__ABOUT THIS TASK__:
Retype the lines below exactly, but only those from the line that has "Polling Station Building Front View" through the line that has "- débit: sortie". Omit every picture.

__Stored items from a collection__:
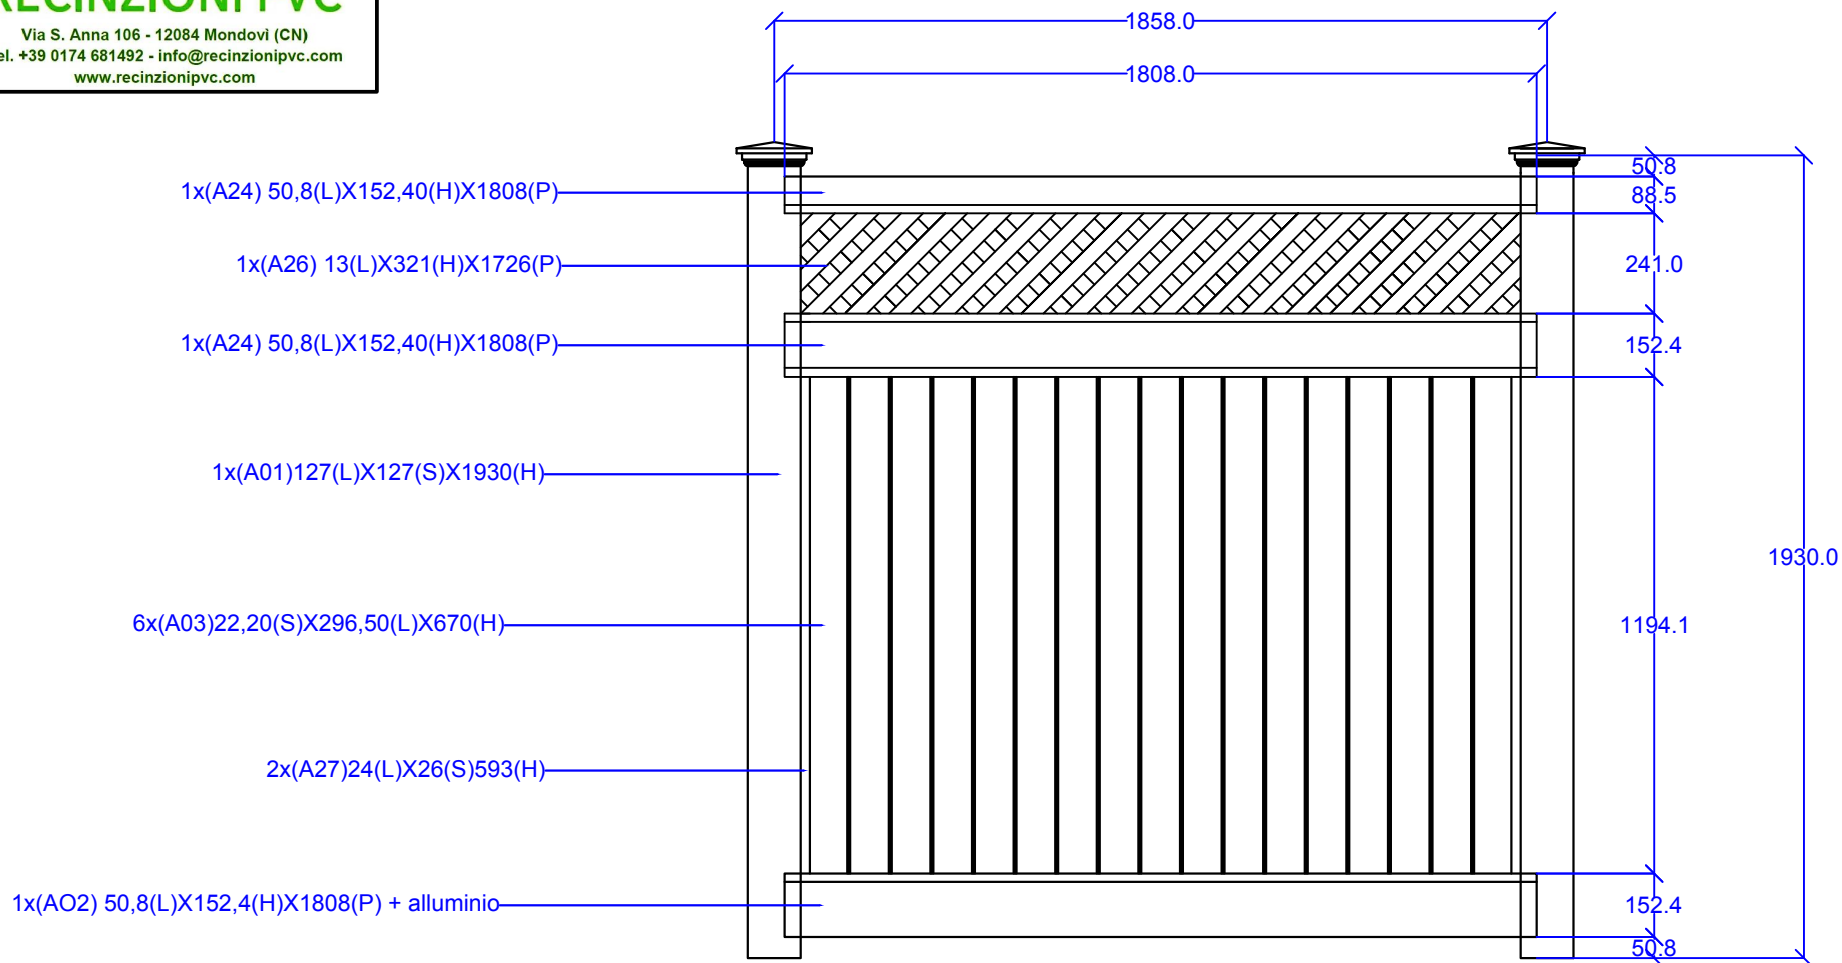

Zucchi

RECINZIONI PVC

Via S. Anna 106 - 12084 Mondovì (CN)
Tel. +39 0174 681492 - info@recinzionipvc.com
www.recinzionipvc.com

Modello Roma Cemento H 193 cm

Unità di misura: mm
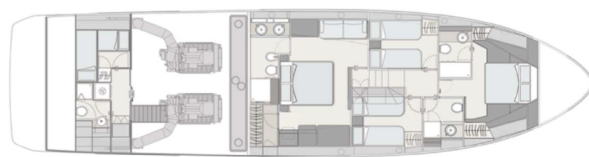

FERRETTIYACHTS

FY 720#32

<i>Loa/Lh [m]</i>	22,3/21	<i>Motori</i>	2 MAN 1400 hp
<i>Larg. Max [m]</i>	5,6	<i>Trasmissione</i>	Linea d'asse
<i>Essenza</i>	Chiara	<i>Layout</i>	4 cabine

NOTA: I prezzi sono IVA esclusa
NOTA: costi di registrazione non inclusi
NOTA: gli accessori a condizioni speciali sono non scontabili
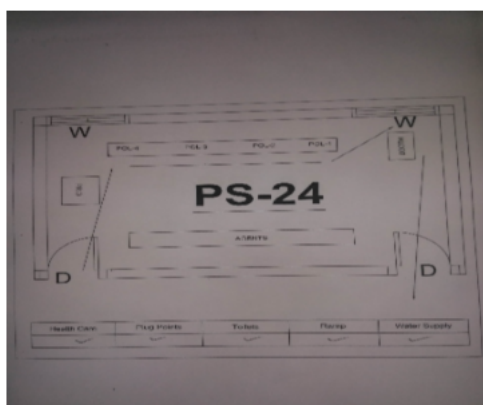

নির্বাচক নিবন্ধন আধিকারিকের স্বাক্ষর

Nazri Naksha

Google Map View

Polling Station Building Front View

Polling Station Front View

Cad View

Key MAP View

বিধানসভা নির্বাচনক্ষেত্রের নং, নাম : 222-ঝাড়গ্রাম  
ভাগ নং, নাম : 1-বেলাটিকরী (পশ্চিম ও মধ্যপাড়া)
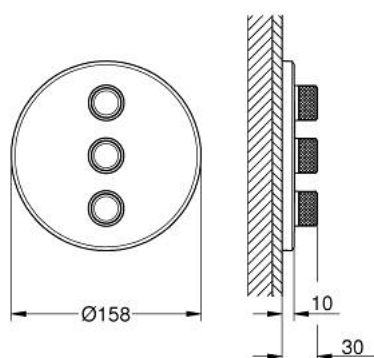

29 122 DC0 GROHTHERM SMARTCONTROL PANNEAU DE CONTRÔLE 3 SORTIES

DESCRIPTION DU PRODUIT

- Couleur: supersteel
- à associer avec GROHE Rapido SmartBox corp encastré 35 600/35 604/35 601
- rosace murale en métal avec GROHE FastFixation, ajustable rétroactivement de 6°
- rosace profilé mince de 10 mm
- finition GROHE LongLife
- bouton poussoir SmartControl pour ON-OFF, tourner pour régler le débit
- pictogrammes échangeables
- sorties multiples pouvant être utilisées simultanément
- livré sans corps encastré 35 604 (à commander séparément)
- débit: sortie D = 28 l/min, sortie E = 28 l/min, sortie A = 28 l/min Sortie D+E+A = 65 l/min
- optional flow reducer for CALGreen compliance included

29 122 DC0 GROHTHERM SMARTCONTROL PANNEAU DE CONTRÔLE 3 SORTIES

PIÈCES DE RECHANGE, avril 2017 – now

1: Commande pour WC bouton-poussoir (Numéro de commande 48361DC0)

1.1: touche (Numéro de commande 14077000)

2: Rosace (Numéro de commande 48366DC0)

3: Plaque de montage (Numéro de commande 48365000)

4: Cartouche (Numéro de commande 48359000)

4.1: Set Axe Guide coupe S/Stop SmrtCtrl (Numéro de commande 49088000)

--

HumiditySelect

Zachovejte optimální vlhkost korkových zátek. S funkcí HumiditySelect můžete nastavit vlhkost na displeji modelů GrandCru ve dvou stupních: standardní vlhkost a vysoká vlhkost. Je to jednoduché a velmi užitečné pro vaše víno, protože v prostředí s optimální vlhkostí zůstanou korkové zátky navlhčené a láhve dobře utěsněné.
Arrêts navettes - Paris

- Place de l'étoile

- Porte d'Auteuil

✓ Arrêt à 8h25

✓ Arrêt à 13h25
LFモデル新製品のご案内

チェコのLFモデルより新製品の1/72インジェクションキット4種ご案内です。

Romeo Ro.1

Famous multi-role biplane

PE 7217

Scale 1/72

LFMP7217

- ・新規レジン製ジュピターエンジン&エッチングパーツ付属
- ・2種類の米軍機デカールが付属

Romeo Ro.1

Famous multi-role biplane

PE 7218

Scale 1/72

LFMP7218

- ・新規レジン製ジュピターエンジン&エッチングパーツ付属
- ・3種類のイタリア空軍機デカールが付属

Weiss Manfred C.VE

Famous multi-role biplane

__WRITTEN REPLY__:
Polling Station Building Front View

Polling Station Front View

Cad View

Key MAP View

বিধানসভা নির্বাচনক্ষেত্রের নং, নাম : 222-ঝাড়গ্রাম  
ভাগ নং, নাম : 1-বেলাটিকরী (পশ্চিম ও মধ্যপাড়া)

29 122 DC0 GROHTHERM SMARTCONTROL PANNEAU DE CONTRÔLE 3 SORTIES

DESCRIPTION DU PRODUIT

- Couleur: supersteel
- à associer avec GROHE Rapido SmartBox corp encastré 35 600/35 604/35 601
- rosace murale en métal avec GROHE FastFixation, ajustable rétroactivement de 6°
- rosace profilé mince de 10 mm
- finition GROHE LongLife
- bouton poussoir SmartControl pour ON-OFF, tourner pour régler le débit
- pictogrammes échangeables
- sorties multiples pouvant être utilisées simultanément
- livré sans corps encastré 35 604 (à commander séparément)
- débit: sortie D = 28 l/min, sortie E = 28 l/min, sortie A = 28 l/min Sortie D+E+A = 65 l/min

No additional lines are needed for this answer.